» WHAT THE EXERCISE ASKS: Lines from the opening of the material through the line containing "120 x 120 x 49 cm" must be duplicated word for word. Pictures are not.
#### MATERIAL SHOWN
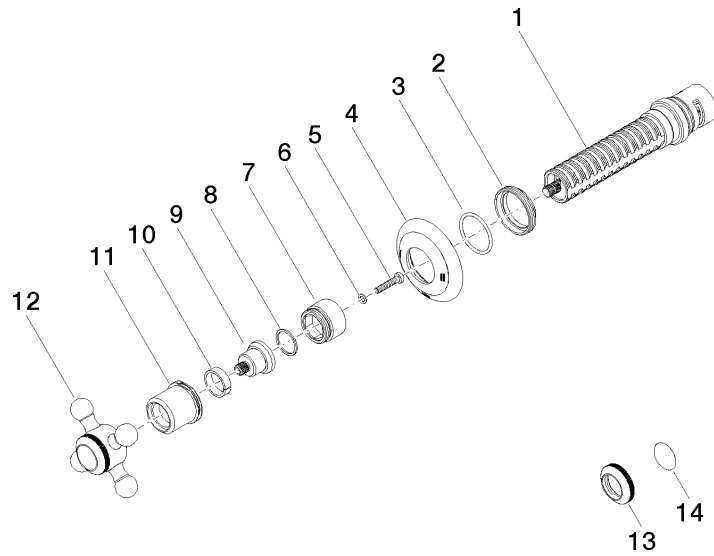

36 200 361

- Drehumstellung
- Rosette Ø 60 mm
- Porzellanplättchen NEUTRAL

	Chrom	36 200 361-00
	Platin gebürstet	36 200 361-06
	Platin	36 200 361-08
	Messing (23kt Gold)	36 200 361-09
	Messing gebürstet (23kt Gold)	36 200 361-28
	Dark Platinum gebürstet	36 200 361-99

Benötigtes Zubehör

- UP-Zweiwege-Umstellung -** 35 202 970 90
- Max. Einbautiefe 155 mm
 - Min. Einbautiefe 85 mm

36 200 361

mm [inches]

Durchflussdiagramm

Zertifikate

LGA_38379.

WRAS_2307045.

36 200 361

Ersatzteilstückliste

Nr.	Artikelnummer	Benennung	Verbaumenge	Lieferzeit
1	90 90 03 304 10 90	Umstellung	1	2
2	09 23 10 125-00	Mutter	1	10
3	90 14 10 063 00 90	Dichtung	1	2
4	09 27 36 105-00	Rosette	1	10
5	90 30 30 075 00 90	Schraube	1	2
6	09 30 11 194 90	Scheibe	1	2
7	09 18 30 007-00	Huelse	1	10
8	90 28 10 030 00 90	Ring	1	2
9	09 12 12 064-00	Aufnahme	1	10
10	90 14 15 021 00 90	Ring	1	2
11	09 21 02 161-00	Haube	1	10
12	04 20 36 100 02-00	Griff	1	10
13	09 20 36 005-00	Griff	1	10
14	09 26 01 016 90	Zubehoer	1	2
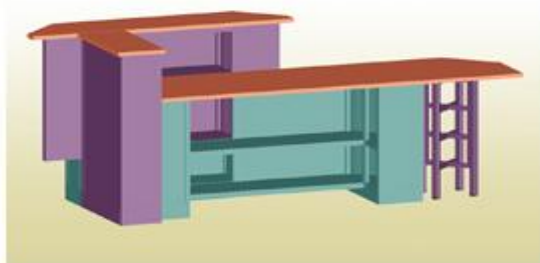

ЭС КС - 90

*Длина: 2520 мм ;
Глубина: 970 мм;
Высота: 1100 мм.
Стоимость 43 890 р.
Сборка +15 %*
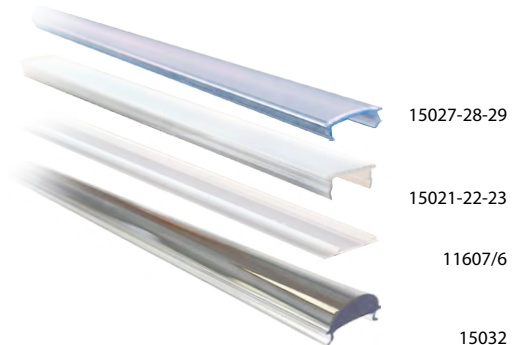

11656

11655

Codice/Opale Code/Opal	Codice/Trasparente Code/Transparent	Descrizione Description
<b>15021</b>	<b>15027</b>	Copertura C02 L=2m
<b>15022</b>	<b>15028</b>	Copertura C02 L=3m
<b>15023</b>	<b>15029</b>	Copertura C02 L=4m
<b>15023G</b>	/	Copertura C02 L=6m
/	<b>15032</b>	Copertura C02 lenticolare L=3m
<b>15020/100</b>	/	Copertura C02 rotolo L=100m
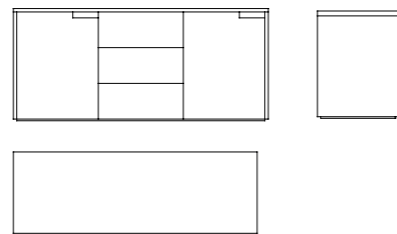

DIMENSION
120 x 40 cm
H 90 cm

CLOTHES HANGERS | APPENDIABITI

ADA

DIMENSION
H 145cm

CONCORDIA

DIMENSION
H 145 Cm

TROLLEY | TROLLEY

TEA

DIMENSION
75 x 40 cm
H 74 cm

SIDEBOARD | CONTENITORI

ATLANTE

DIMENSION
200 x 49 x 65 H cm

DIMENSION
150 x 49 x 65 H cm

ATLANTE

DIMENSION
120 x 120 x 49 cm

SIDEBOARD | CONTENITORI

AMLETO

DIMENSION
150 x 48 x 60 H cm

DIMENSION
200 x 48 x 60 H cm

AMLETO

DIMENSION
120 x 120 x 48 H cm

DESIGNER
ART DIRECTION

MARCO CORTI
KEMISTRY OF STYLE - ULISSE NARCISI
########
» ANSWER:
36 200 361

- Drehumstellung
- Rosette Ø 60 mm
- Porzellanplättchen NEUTRAL

	Chrom	36 200 361-00
	Platin gebürstet	36 200 361-06
	Platin	36 200 361-08
	Messing (23kt Gold)	36 200 361-09
	Messing gebürstet (23kt Gold)	36 200 361-28
	Dark Platinum gebürstet	36 200 361-99

Benötigtes Zubehör

- UP-Zweiwege-Umstellung -** 35 202 970 90
- Max. Einbautiefe 155 mm
 - Min. Einbautiefe 85 mm

36 200 361

mm [inches]

Durchflussdiagramm

Zertifikate

LGA_38379.

WRAS_2307045.

36 200 361

Ersatzteilstückliste

Nr.	Artikelnummer	Benennung	Verbaumenge	Lieferzeit
1	90 90 03 304 10 90	Umstellung	1	2
2	09 23 10 125-00	Mutter	1	10
3	90 14 10 063 00 90	Dichtung	1	2
4	09 27 36 105-00	Rosette	1	10
5	90 30 30 075 00 90	Schraube	1	2
6	09 30 11 194 90	Scheibe	1	2
7	09 18 30 007-00	Huelse	1	10
8	90 28 10 030 00 90	Ring	1	2
9	09 12 12 064-00	Aufnahme	1	10
10	90 14 15 021 00 90	Ring	1	2
11	09 21 02 161-00	Haube	1	10
12	04 20 36 100 02-00	Griff	1	10
13	09 20 36 005-00	Griff	1	10
14	09 26 01 016 90	Zubehoer	1	2

ЭС КС - 90

*Длина: 2520 мм ;
Глубина: 970 мм;
Высота: 1100 мм.
Стоимость 43 890 р.
Сборка +15 %*

11656

11655

Codice/Opale Code/Opal	Codice/Trasparente Code/Transparent	Descrizione Description
<b>15021</b>	<b>15027</b>	Copertura C02 L=2m
<b>15022</b>	<b>15028</b>	Copertura C02 L=3m
<b>15023</b>	<b>15029</b>	Copertura C02 L=4m
<b>15023G</b>	/	Copertura C02 L=6m
/	<b>15032</b>	Copertura C02 lenticolare L=3m
<b>15020/100</b>	/	Copertura C02 rotolo L=100m

DIMENSION
120 x 40 cm
H 90 cm

CLOTHES HANGERS | APPENDIABITI

ADA

DIMENSION
H 145cm

CONCORDIA

DIMENSION
H 145 Cm

TROLLEY | TROLLEY

TEA

DIMENSION
75 x 40 cm
H 74 cm

SIDEBOARD | CONTENITORI

ATLANTE

DIMENSION
200 x 49 x 65 H cm

DIMENSION
150 x 49 x 65 H cm

ATLANTE

DIMENSION
120 x 120 x 49 cm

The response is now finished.